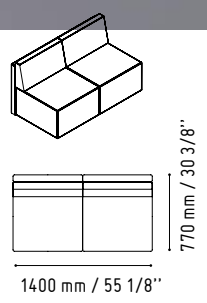

MM-PU x 2 +
MM-ON x 2 +
MM-PO x 2
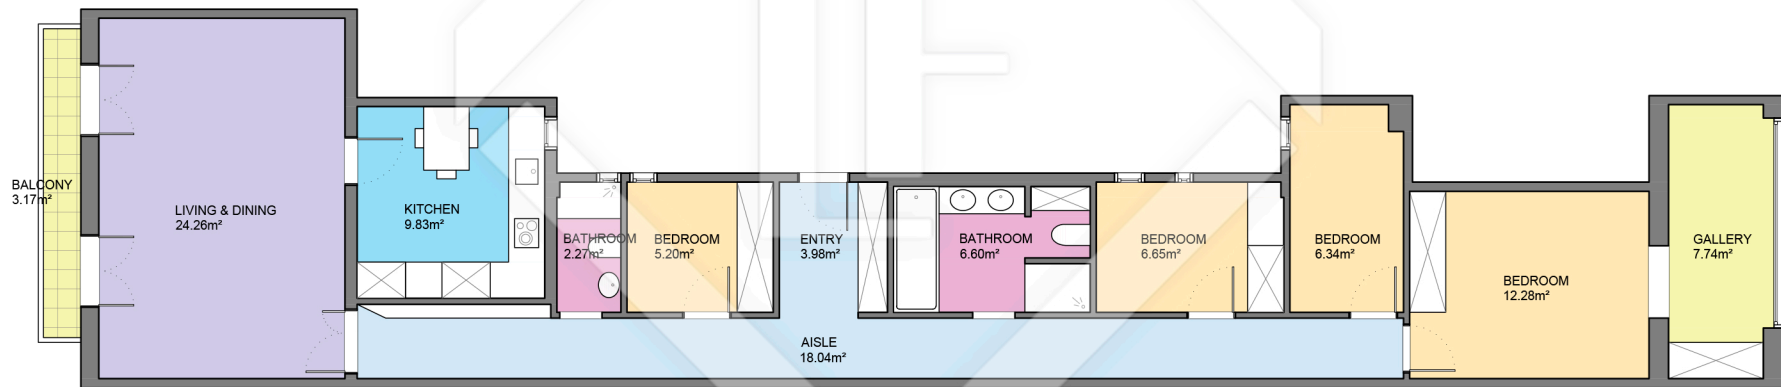

BCN48984

LUCAS FOX
INTERNATIONAL PROPERTIES

LUCAS FOX
INTERNATIONAL PROPERTIES

Scale in metres. Indicative only. Dimensions are approximate. All information contained here is gathered from sources we believe to be reliable. However we cannot guarantee its accuracy and interested persons should rely on their own enquiries.

| Measurements FLOOR | |
|--------------------|----------------------|
| Built surface | 121.49m ² |
| Useful surface | 103.47m ² |
| Exterior surface | 3.17m ² |
| Height | 2.88m |

BCN48984 Propuesta

LUCAS FOX
INTERNATIONAL PROPERTIES

LUCAS FOX
INTERNATIONAL PROPERTIES

Scale in metres. Indicative only. Dimensions are approximate. All information contained here is gathered from sources we believe to be reliable. However we cannot guarantee its accuracy and interested persons should rely on their own enquiries.

| Measurements FLOOR | |
|--------------------|----------------------|
| Built surface | 121.49m ² |
| Useful surface | 103.59m ² |
| Exterior surface | 3.17m ² |
| Height | 2.88m |
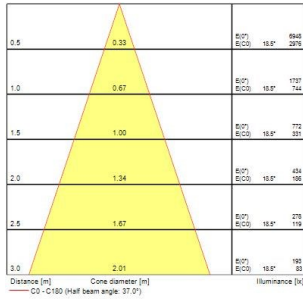

Myriad V IP65 White Bezel MYRIAD IP65 3000K DALI WHITE 2049537
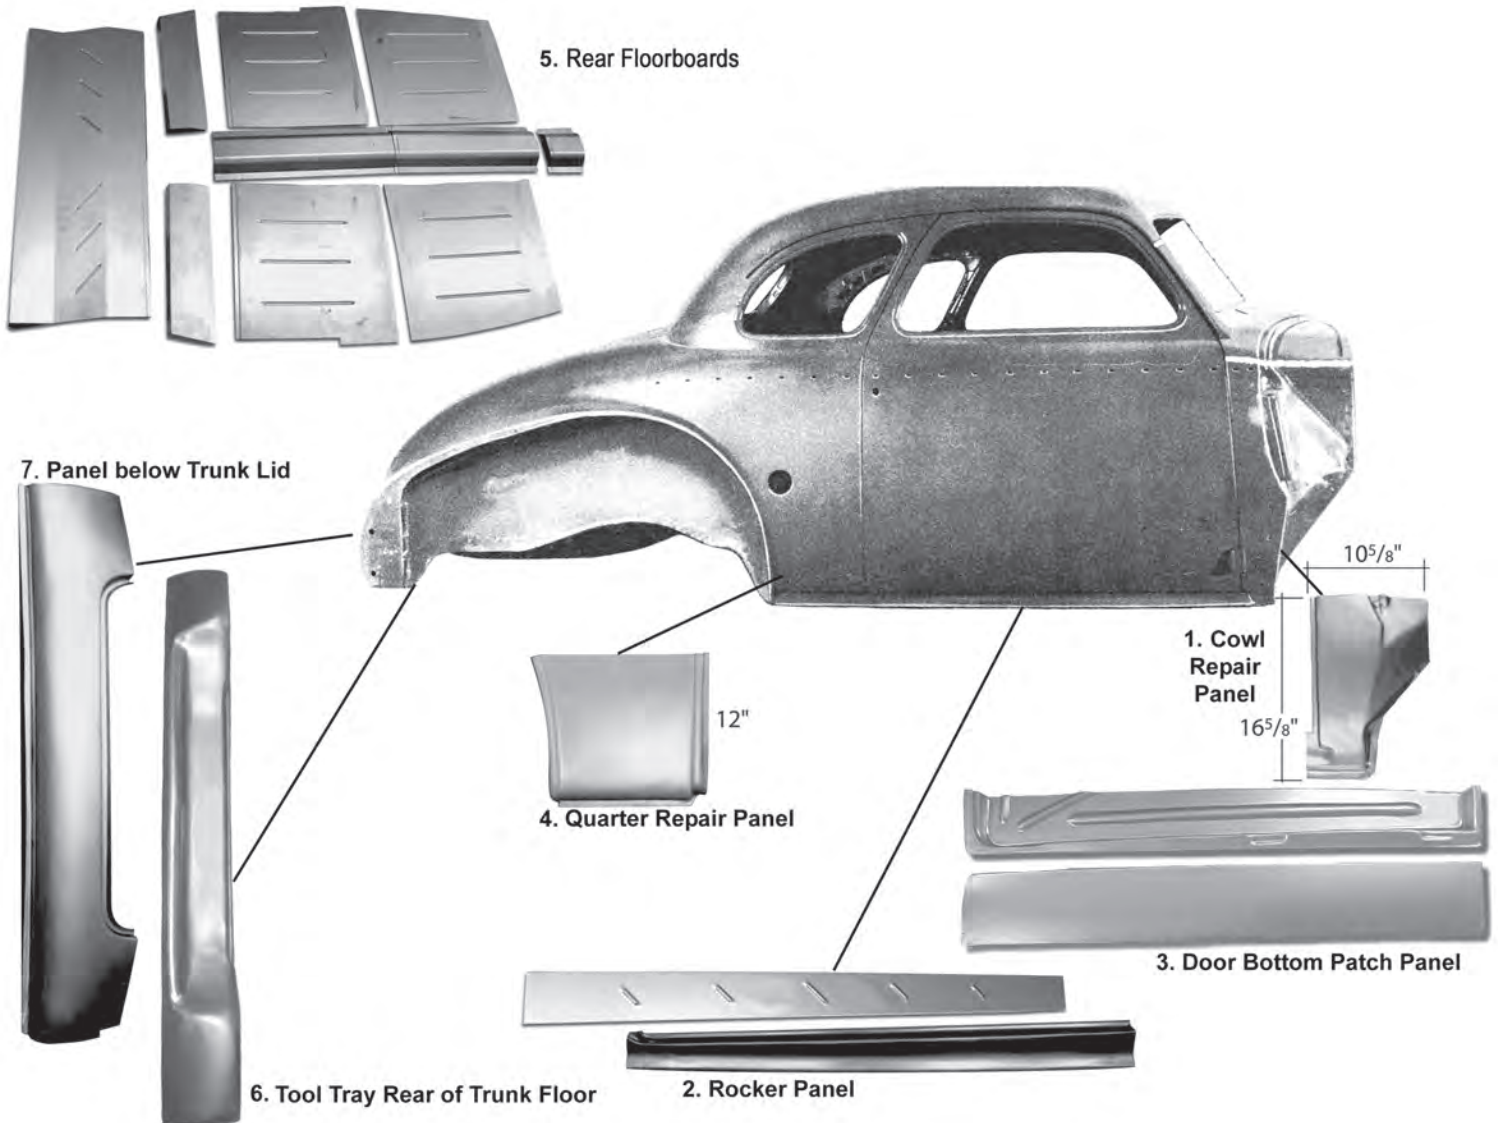

Section 295C: Sheet Metal 1940 Die Stamped Body Parts

Format = Part No., Year, Description, Original Chevrolet Parts Book Group No., Price and Unit of Measure.

1. Cowl Repair Panel

4103067EL	40	Lower front, left. (12.803-15)	\$110.00 EA
4103067ER	40	Lower front, right. (12.803-15)	\$110.00 EA
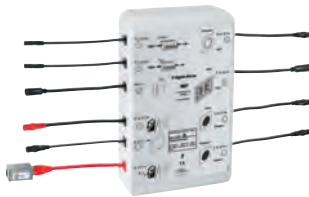

26 374 000

1,070.00

GROHE F-digital Deluxe Base unit box 4.0 Bluetooth F-Series 40" (BCU V4.0)

to control LightCurtain of Rainshower F-Series 40" AquaSymphony ceiling shower
additional light, sound and steam modules can be connected and controlled consisting of:

- 2 plug connections, each for one pair of sound modules (36 360 000)
- 1 plug connection for one pair of light modules (36 359 000)
- 1 plug connection LightCurtain for Rainshower F-Series 40" AquaSymphony (26 373 000)
- 2 plug connections for steam module (36 362 000 or 36 368 000), including 1 connection for steam generator and 1 connection for temperature sensor
- 2 plug connections for power supply (per power supply max. 4 devices light/sound)
- 2 plug connections for Bluetooth unit (supply voltage and data line)

CE approved
must be accessible for service
optional: the base unit box can be placed into extra equipment 36 367 000
component has to be ordered separately
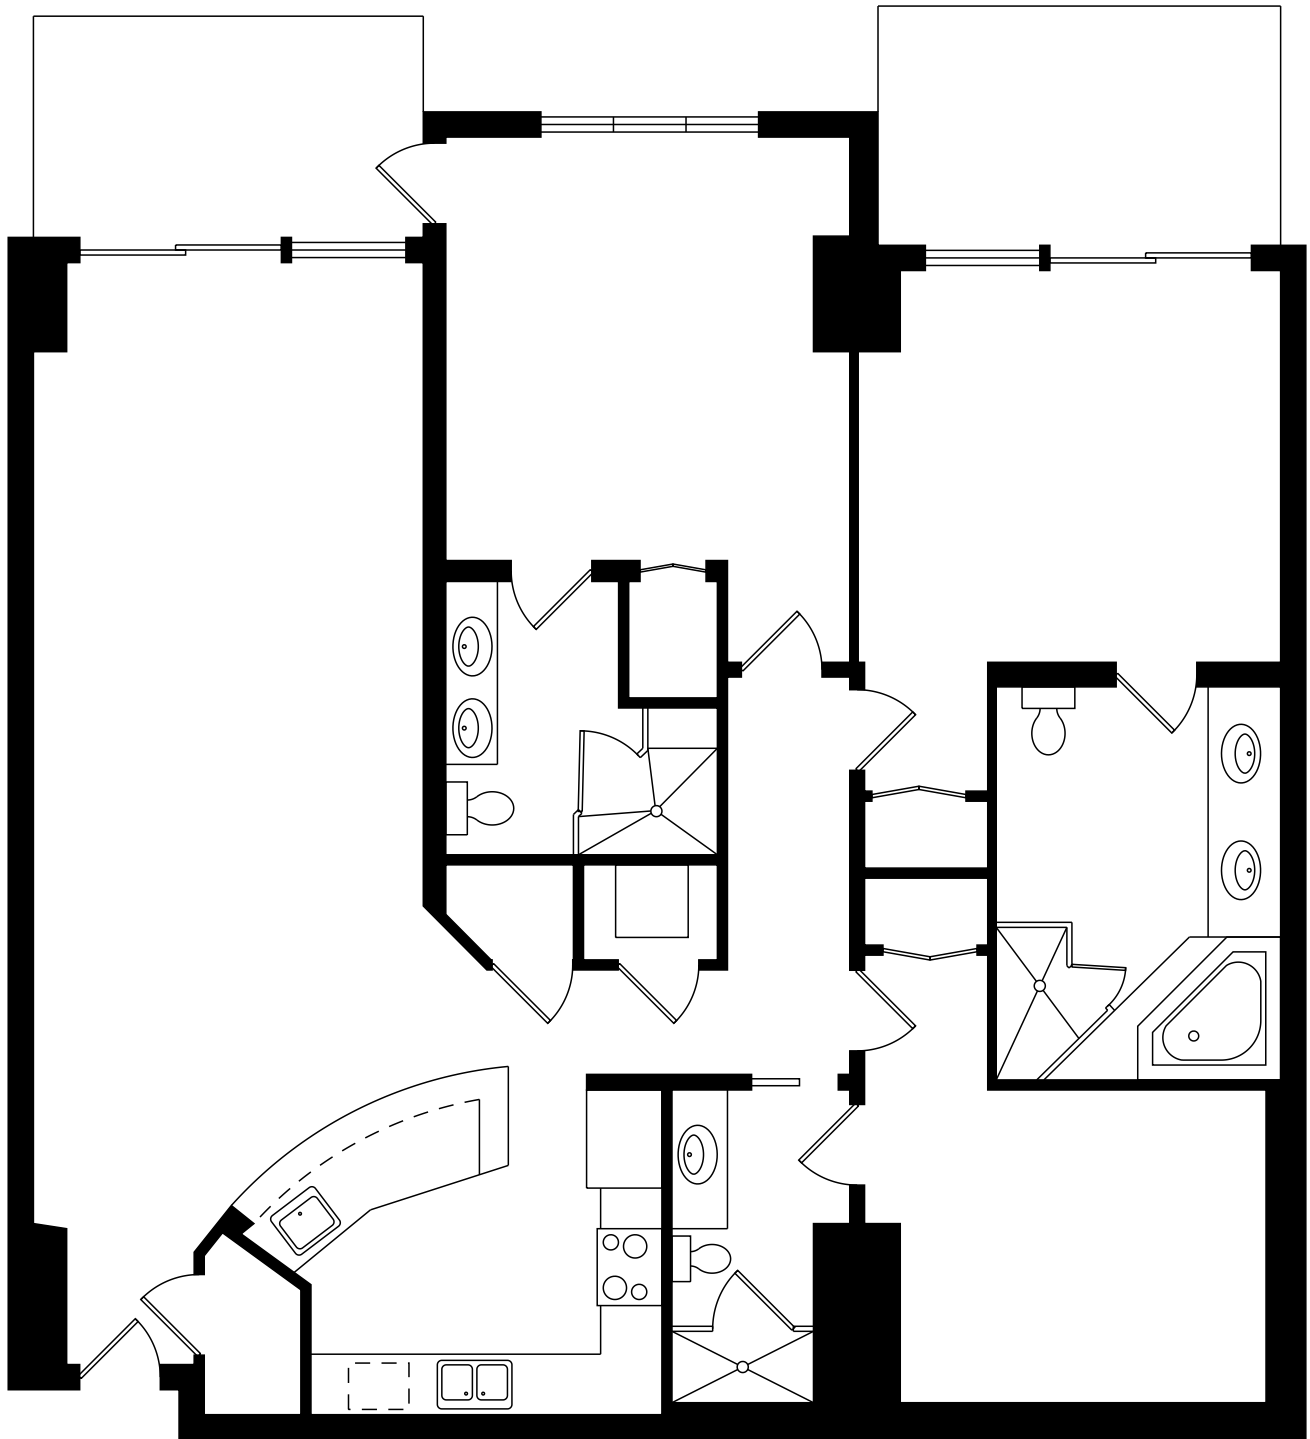

3 BEDROOM / 3 BATHROOM

10 HARBOR BLVD, DESTIN, FL 32541

1670 sq ft + 193 sq ft BALCONIES

CAPTURED ON: 10 NOV 2016

DIMENSIONS, AREAS, LAYOUTS AND DETAILS ARE APPROXIMATE AND SHOULD BE CONSIDERED ILLUSTRATIVE ONLY.

....

> WHAT THE TASK ASKS: Where a line of the data includes the string "Rainshower", list that line.

> RESPONSE TO THIS TASK:
to control LightCurtain of Rainshower F-Series 40" AquaSymphony ceiling shower
- 1 plug connection LightCurtain for Rainshower F-Series 40" AquaSymphony (26 373 000)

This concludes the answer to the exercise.